[Records from a data collection]
· · · · · · ·
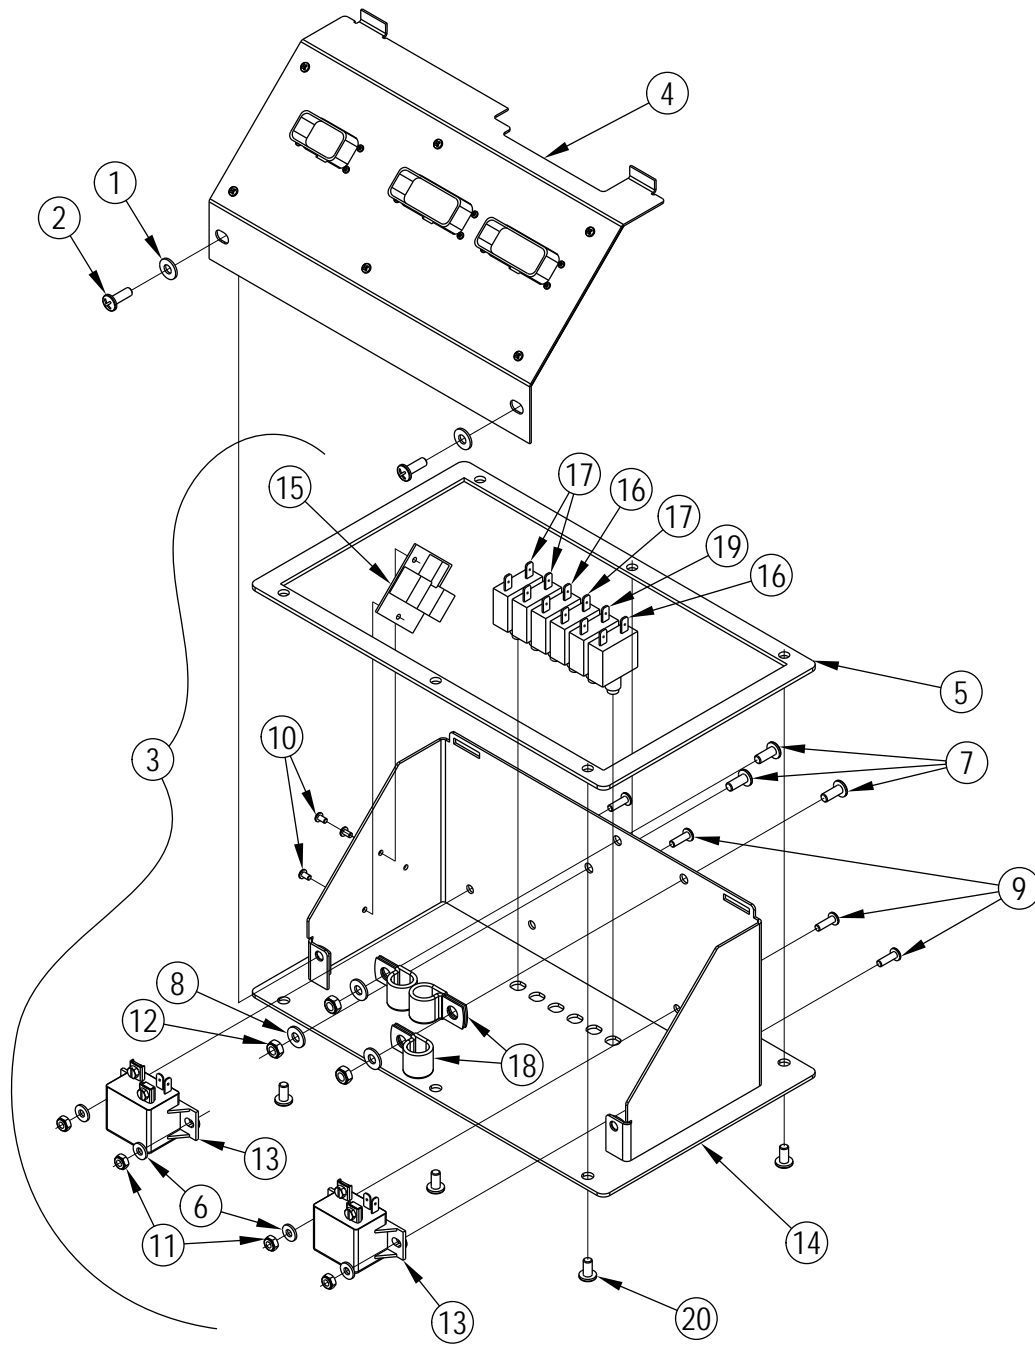

## Part Notes:

- [1] - (Diesel only) (items 1-5)  
 [2] - for 56303553

Pos.	Artikel-Nr.	Menge	Variante	Notes
	56381122	1	CONTROL BOARD BOX ASSY	[1]
	56381109	1	DIESEL CONTROL BOARD BOX ASSY	[2]
1	56002098	2	Scheibe	
2	56002507	2	SCR PAN PHIL 1/4-20 X .75	
3	56110517	1	Kontrol Board Relay Assy	[3]
3	56111162	1	Kontrol Board Relay set	[4]
4	56381126	1	Hauptplatine	
5	56110523	1	GASKET CONTROL BOX	
6	56001954	2	WSH FLT SAE 10	
7	56002066	3	Schraube	
8	56002098	3	Scheibe	
9	56002124	2	Schraube10-24 X .62 PNH PH.	
10	56001904	3	SCR PAN HD PHIL 6-32x	
11	56002832	2	6-Kt Mutter Nylon	
12	56002840	3	Nut 1/4 20	
13	56110423	1	RELAY SPST 12V 75A	
14	56111955	1	CONTROL BOARD WELDT	
15	56110530	1	RELAY PCB ASSY	
16	56413407	2	Sicherung 15A	
17	56413822	3	CIRCUIT BREAKER 20 AMP	
18	56419120	3	CLAMP HOSE SUPPORT 56E00616	
19	56507644	1	CIRCUIT BREAKER 10 AMP	
20	56009062	6	Schraube
· · · · · · ·
● WORK TO COMPLETE
Go through the records above, find every line with the word "Scheibe", and list those lines.

● RESULT OF THE EXERCISE
1	56002098	2	Scheibe	
8	56002098	3	Scheibe	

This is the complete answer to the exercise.